The ultimate goal of a heat sink is to dissipate as much heat from the individual LED junctions (the actual point in each individual diode that electrical current flows through) as possible. Some COBs can have over 100 of these junctions, so quite often, manufacturers prefer to deal with the temperature of the “case”, which is the substrate that all these diodes are mounted to. Keeping each of these junctions under their maximum allowable temperature is critical so it’s very important that the heat sink you select is capable of shedding the heat your light produces.

Let’s start with an overview of how heat is created and how it moves through a light assembly, and then we’ll have a look at how to properly diagram this process. Finally, we’ll apply this knowledge to calculating our heat sink requirements with some examples.

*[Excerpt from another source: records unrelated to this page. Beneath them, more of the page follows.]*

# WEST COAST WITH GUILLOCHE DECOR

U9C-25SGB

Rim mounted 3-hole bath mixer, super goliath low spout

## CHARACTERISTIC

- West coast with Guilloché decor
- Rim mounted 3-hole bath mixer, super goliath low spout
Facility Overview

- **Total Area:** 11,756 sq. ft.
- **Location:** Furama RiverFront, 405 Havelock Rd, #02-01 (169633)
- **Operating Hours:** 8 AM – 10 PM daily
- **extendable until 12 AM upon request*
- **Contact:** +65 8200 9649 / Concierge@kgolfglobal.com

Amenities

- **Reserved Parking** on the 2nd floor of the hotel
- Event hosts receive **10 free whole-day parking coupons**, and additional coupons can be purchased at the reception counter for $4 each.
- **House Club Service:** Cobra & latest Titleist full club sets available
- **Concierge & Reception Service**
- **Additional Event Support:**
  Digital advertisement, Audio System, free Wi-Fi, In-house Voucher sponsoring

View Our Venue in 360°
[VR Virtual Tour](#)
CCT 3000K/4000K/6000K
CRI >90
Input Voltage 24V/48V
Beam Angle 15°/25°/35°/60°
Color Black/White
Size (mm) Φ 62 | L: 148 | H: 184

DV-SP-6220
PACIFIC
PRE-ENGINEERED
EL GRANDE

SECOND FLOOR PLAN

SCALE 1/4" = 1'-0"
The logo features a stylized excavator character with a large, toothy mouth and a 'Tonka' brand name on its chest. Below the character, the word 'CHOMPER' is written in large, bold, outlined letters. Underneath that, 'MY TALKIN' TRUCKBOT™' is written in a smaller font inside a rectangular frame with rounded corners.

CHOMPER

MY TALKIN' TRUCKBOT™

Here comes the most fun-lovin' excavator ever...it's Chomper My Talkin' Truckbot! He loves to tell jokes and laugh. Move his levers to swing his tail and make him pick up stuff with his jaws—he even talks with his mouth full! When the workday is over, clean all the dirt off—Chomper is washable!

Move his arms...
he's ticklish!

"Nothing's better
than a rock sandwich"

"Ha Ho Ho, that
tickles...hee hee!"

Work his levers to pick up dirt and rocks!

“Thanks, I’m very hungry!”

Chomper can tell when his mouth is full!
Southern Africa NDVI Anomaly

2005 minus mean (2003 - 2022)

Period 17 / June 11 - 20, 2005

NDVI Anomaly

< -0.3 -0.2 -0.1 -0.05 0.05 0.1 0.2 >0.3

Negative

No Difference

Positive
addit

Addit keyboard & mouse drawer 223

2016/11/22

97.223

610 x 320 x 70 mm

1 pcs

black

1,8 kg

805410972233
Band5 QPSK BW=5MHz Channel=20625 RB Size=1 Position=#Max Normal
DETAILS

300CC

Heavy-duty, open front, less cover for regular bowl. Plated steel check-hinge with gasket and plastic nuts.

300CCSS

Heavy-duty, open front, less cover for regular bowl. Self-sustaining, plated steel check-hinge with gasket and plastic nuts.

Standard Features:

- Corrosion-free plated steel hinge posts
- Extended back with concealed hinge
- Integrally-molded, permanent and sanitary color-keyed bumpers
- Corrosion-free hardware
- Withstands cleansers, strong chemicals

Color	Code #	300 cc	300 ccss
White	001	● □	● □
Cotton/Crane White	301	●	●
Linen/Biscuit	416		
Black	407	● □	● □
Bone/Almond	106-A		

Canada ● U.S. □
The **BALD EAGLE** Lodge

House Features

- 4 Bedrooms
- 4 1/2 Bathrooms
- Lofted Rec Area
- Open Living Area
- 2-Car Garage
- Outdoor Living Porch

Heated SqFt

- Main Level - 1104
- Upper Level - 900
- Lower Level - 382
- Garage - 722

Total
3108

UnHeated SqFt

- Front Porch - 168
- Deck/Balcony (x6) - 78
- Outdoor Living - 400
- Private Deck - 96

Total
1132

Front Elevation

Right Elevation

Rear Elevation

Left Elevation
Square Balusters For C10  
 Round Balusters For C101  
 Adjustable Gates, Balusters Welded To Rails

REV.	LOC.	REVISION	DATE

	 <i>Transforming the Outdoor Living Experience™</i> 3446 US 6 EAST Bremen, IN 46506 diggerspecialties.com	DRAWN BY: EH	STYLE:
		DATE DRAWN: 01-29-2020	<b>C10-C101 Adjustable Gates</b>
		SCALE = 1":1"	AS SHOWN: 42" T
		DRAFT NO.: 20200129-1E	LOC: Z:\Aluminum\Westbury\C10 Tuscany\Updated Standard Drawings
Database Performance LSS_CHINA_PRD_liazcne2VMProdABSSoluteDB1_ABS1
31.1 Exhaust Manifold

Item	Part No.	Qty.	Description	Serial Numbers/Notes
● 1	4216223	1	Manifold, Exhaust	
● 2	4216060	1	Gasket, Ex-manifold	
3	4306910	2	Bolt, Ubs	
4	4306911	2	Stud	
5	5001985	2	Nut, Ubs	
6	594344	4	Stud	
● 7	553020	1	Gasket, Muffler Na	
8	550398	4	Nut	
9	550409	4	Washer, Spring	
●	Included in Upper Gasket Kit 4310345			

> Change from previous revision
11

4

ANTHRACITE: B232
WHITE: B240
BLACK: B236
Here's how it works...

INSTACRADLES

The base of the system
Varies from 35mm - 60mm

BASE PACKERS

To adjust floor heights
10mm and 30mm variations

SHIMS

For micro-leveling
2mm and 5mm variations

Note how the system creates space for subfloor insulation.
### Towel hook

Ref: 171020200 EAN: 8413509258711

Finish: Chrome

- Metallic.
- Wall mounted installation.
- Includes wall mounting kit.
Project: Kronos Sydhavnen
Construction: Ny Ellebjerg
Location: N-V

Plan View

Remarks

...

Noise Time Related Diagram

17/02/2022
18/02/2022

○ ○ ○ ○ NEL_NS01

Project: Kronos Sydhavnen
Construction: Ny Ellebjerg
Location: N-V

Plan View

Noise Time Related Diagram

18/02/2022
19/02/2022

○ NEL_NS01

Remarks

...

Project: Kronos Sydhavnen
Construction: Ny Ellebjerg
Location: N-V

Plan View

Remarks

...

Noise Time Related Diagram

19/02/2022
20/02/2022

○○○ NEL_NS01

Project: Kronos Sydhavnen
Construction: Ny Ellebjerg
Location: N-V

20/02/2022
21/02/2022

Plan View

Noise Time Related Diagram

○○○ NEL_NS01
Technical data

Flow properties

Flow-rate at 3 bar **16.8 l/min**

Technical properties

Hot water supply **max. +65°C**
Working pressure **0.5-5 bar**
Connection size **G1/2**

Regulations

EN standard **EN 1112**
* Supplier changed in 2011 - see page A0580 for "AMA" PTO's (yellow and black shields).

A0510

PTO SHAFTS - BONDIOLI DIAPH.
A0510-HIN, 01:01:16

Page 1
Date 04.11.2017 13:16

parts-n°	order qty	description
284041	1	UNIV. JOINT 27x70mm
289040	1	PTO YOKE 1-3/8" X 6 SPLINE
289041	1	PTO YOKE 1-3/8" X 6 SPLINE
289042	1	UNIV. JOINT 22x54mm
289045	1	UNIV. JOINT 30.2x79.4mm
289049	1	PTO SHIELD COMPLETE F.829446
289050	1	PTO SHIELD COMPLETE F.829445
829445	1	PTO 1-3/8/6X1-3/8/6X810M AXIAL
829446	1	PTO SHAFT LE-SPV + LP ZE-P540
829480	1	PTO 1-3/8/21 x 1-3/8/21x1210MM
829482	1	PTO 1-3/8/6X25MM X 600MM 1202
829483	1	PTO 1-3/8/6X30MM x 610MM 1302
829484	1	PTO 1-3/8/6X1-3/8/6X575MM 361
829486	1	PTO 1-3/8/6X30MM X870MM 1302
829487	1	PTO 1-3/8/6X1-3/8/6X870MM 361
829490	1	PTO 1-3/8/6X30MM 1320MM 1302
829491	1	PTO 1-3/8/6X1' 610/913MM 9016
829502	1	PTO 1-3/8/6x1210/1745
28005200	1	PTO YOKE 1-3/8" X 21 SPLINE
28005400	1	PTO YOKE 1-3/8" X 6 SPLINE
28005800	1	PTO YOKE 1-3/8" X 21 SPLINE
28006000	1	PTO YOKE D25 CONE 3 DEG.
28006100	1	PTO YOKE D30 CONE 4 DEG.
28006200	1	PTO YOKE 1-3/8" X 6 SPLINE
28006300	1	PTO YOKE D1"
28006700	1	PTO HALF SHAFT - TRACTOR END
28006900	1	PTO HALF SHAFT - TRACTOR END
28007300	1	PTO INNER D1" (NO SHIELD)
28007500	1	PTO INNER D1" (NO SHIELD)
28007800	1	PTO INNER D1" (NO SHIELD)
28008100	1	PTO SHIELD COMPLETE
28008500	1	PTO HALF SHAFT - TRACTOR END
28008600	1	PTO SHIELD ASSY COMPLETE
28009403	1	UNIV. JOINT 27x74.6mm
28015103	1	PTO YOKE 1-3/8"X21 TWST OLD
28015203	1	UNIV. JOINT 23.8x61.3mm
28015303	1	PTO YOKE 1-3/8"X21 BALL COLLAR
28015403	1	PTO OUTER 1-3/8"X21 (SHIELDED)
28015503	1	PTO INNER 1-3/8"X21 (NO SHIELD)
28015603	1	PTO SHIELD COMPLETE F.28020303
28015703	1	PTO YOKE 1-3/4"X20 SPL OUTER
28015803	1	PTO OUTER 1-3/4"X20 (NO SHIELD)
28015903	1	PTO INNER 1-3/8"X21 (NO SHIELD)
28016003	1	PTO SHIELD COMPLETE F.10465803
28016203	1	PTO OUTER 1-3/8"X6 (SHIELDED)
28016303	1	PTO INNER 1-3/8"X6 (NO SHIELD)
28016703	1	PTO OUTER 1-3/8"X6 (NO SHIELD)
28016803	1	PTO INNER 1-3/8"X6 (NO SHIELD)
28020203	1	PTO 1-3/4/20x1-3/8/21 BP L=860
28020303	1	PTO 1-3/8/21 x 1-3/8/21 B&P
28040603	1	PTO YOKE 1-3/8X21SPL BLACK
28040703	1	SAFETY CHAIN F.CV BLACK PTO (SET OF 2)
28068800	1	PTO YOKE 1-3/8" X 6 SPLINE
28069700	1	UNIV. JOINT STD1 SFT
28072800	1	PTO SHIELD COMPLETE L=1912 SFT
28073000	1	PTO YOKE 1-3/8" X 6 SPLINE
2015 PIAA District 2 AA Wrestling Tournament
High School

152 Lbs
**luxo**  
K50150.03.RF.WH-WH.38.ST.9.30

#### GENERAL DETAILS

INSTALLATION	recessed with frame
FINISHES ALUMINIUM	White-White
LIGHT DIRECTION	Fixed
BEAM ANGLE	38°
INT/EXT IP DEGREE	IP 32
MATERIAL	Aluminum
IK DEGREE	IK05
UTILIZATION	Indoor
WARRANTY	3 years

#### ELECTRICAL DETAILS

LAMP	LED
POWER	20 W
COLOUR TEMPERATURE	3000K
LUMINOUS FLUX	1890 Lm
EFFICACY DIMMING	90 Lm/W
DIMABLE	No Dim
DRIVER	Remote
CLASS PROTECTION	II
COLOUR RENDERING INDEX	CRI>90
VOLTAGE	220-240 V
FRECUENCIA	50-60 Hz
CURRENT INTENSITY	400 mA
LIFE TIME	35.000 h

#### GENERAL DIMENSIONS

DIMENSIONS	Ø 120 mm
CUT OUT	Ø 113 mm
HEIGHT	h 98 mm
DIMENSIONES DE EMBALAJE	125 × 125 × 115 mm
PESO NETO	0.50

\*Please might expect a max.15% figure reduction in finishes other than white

How Heat Flows in a COB LED

As power flows through the junctions of the LEDs in the COB, not all of it is converted to light. A good portion of this power is converted to heat, which is undesirable but a necessary evil. In a perfect world, 100% of the power would be converted into photons, but even LEDs are nowhere near that. Calculations done for many COBs by people far smarter than I have shown some COBs to be 50% efficient and higher (when driven at low currents), but manufacturers tend to err on the safe side. Taken from Cree’s Application note on Thermal Management of XLamp LEDs:

To be conservative, assume LEDs convert 25% of the input power to light and output 75% of the input power as heat. This estimate varies depending on current density, brightness and component, but is a good estimate for thermal design.

This waste heat that’s generated at each junction has to go somewhere, and that’s why we attach the COBs to heat sinks. Here is how heat travels through the light assembly, starting from the junction:

  • Heat is conducted from the semiconductor junctions within the LED Modules to the case, which includes the inner components and substrate to which they’re mounted.
  • Heat is then conducted from the case to the thermal interface material (TIM)
  • Heat is then conducted through the TIM to the heat sink
  • Heat is then conducted up through the heat sink, and finally is convected to the air around the heat sink by natural convection or forced convection. Some heat is also radiated to the ambient.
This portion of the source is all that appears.